9.6. ¿Cuál es la felicidad de Cristo? Esta es la pregunta que debes hacerte en cada paso, a cada mañana; en cada tarde y por medio de la noche. Ninguna pregunta puede hacerte tanto bien como ésta, que te servirá de linterna para el camino. Es tal la presunción del corazón humano que, si conocieras todo el camino, creerías que tu conocimiento es tu felicidad, mas resulta que no es saber el camino, sino andar el camino lo que te puede hacer semejante a Cristo y a su felicidad. Por eso no necesitas un mapa, sino una linterna. Al final, cuando vuelvas la vista atrás, es mi deseo que tengas la satisfacción inefable de ver lo recorrido, y de gozarte en el conocimiento del camino realizado. En ese final tu conocimiento no reñirá con tu obediencia y por eso no te hará daño. Pero por ahora, que te baste la linterna.
9.7. Para usar esta luz de que te hablo no es suficiente con mirar qué hizo Jesucristo, sino también con qué intención y con qué corazón lo hizo; precedido de qué y seguido de qué; ante quiénes y de qué manera; por cuánto tiempo y con qué énfasis; acompañado de qué palabras y de cuáles silencios. Recuerda que Cristo revela su misterio no sólo con lo que hace, materialmente hablando, sino con toda la vida que despliega en la armonía con que obra; una armonía que es digna de su Cielo.
9.8. Nota, por ejemplo, cómo armoniza Él la dulzura y la pureza de la infancia, con el arrojo y fortaleza de la juventud, y con la sabiduría y comprensión de la edad avanzada. ¡Él resume lo mejor de cada tiempo de vuestra vida en una síntesis preciosa que es tan grata de contemplar y adorar!

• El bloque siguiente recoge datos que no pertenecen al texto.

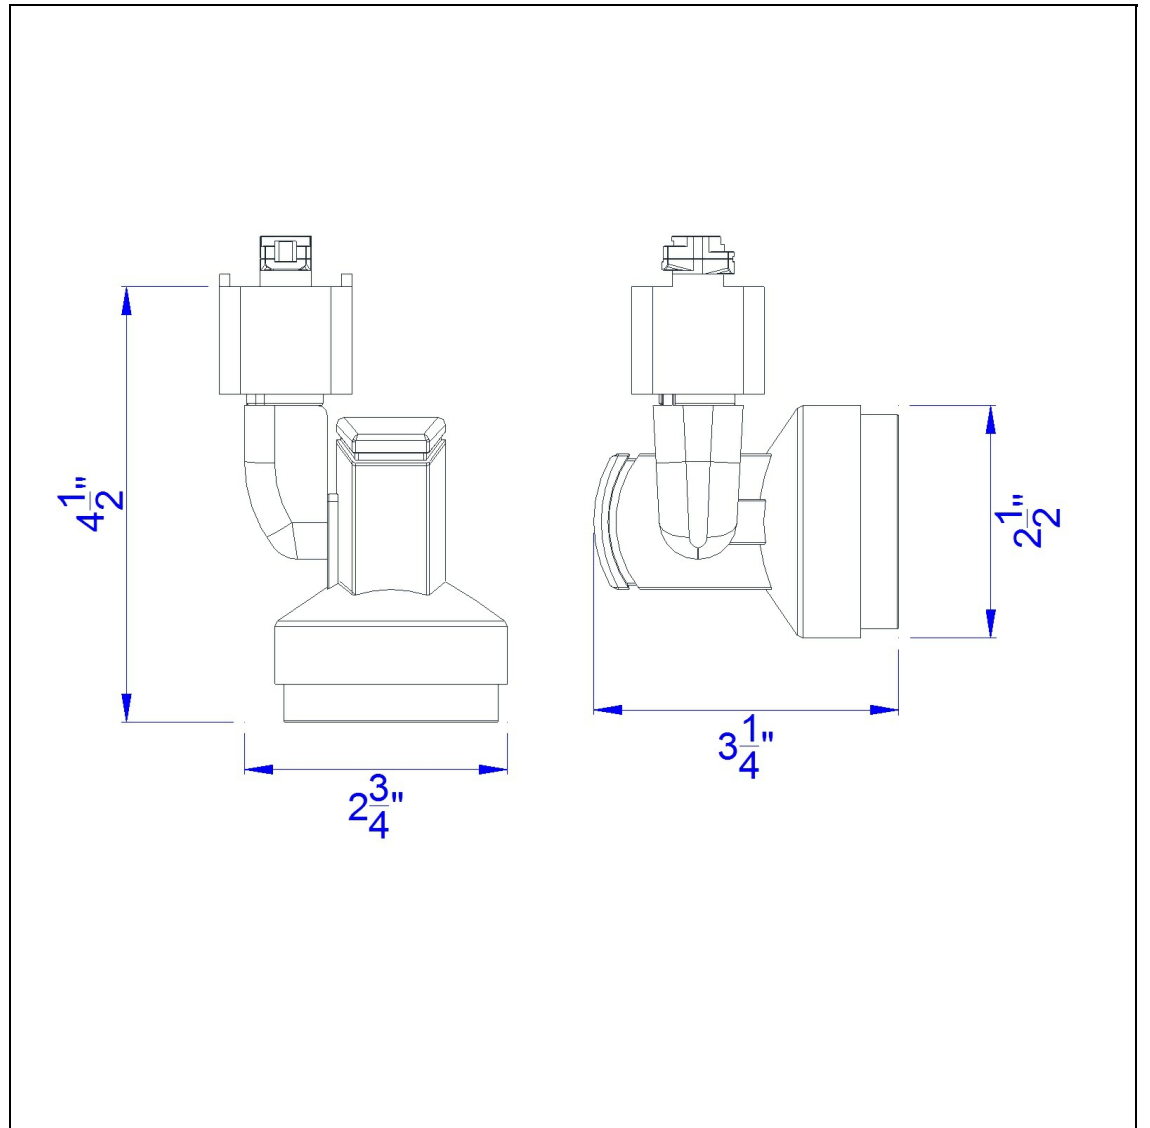

Product No. **HT-352-BS**

Description

AC 10W, 3300K, 650 Lumen, dimmable integrated LED track fixture  
 Durable Metal Construction  
 Adjustable head led track fixture  
 12/24/36 Degree beam  
 180 Degree Rotation Capability  
 Ships in one Carton  
 Dimmable with Lutron dimmers #: DVCL-153P, SCL-153P, AYCL-153P, CTCL-153P, DVCL-253P, DVSCLL-253P,  
 4.5" Height Metal Track Head in Brushed Steel

Technical Specifications

<b>UPC</b>	020193067284
<b>Wattage</b>	LED 10W
<b>CRI</b>	90
<b>Lumen</b>	650
<b>Switch Type</b>	Track
<b>Bulb Base</b>	LED
<b>Number of Lights</b>	1
<b>Color</b>	Brushed Steel

<b>Carton 1 Dimensions</b>	13.60 x 9.60 x 12.80
<b>Carton 2 Dimensions</b>	0.00 x 0.00 x 12.80
<b>Package Dimensions</b>	L: 12.80 W: 9.60 H: 13.60

9.9. Mira cómo armoniza la gravedad del semblante con la mansedumbre de la expresión; la claridad de las palabras con la belleza de su forma; la delicadeza en el trato con la autoridad inigualable de su presencia; la capacidad de acoger a todos con la libertad de quedarse solo; la intensidad de la oración incesante con el despliegue de una actividad sorprendente; la paz imperturbable de su alma con la infinita sensibilidad al dolor que le rodea; el lenguaje a todos accesible con la profundidad incalculable de su enseñanza; la resolución de una voluntad inconmovible con la apertura a las circunstancias y súplicas imprevistas de las más diversas personas; el anuncio de un gozo incomparable con la previsión de las dificultades futuras; la absoluta negación de sí mismo con la serena conciencia de su altísima misión. ¿Habías visto semejante conjunto?

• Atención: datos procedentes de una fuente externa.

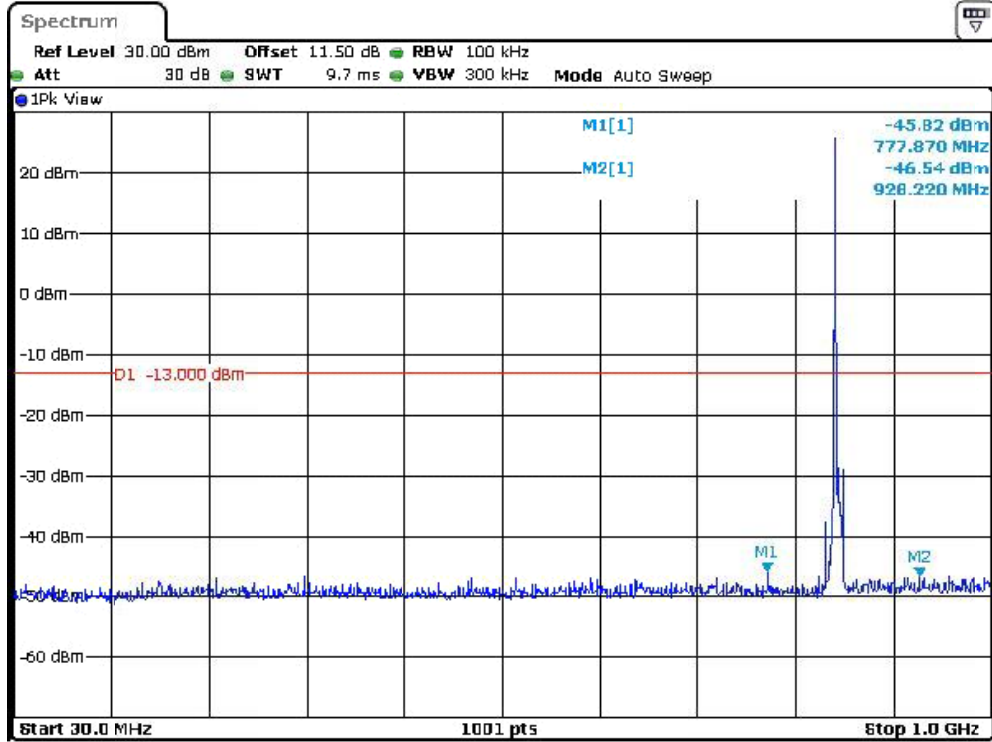

Band 5_5 MHz_High_QPSK_RB25#0_1(30MHz-1GHz)

Date: 12.JAN.2024 01:26:15

9.10. Descubre la armonía que conserva entre el silencio y la palabra. Fíjate cómo todos cuentan con Él pero Él es sólo del Padre; ningún sufrimiento le es ajeno y ninguno le parece demasiado. No descuida lo pequeño por lo grande, ni lo grande por lo pequeño. No desprecia lo antiguo ni se le apega; no se fascina por lo nuevo ni lo desatiende. Ama a todos, escucha a todos, sabe de todos, pero no espera sino de Dios Padre. Le engrandecen los ruegos y no los honores; lo mueven las necesidades del prójimo y no sus riquezas; no es duro con los pecadores sino con los que pretenden juzgarlos, y sin embargo no hay pecado que resista en su majestuosa presencia.

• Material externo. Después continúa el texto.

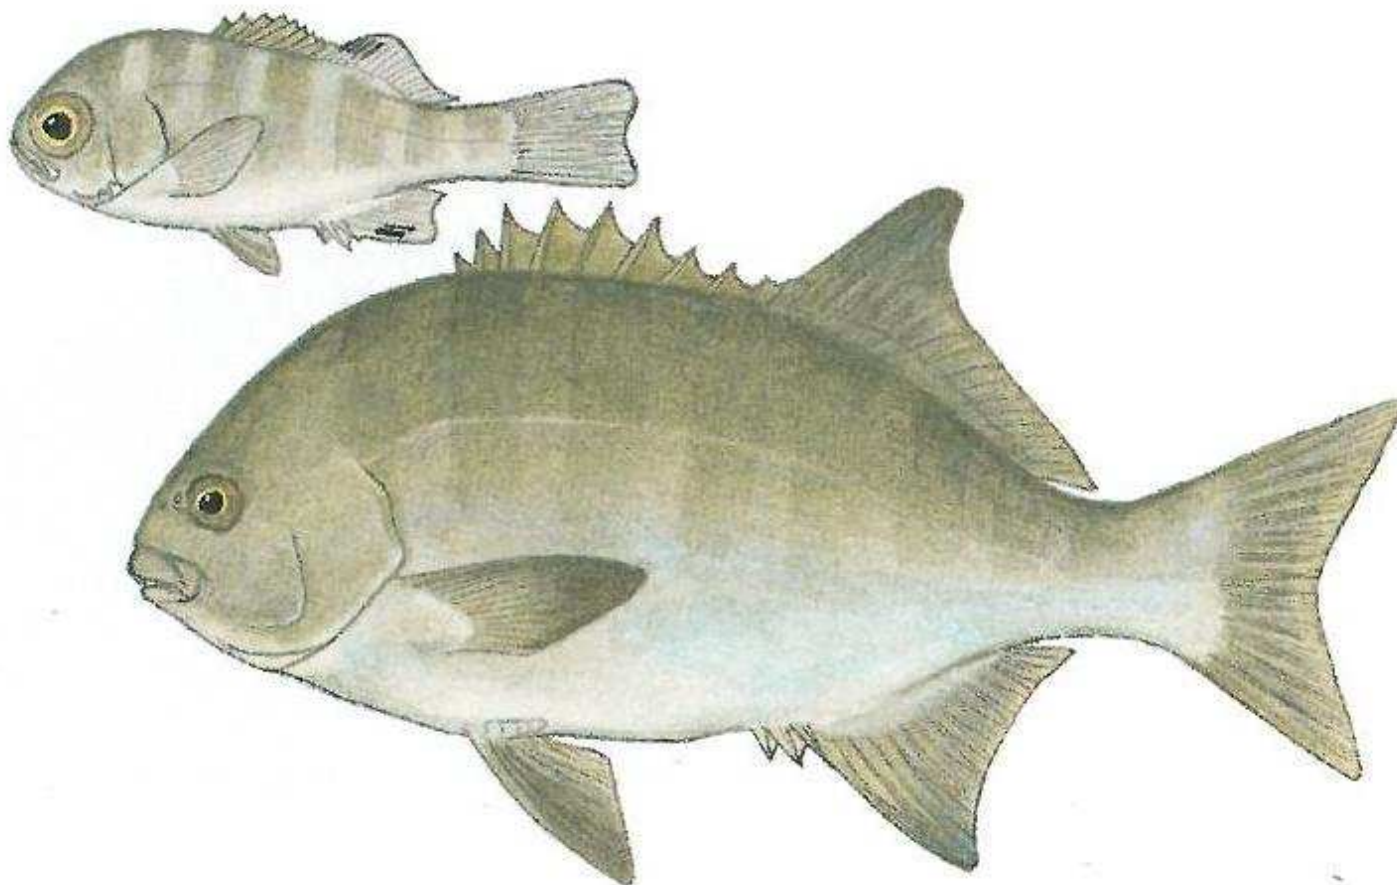

Galjoen

Dichistius capensis

Minimum size - 35 cm

Bag limit - 2

agriculture,
forestry & fisheries

Department:
Agriculture, Forestry and Fisheries
REPUBLIC OF SOUTH AFRICA

9.11. ¡Es tan bello Jesucristo! ¡Es tan santo Jesucristo! ¡Es tan grande, tan sabio, tan fuerte Jesucristo! Piensa, hermano mío, que fue tu naturaleza humana y no mi naturaleza angélica la que Él quiso tomar como suya. Mírale tan tuyo, y repite muchas veces lo que dice aquel Credo: “…por nosotros, y por nuestra salvación”. Si por alguna razón quisiera yo ser hombre, que no lo quiero pues no está en la disposición divina para mi vida, sería sólo para mirar un instante a Jesucristo y decirle a mi corazón: “Es Dios como el Padre, y hombre como yo”.
9.12. Deja que te invite a la alegría. Dios te ama; su amor es eterno.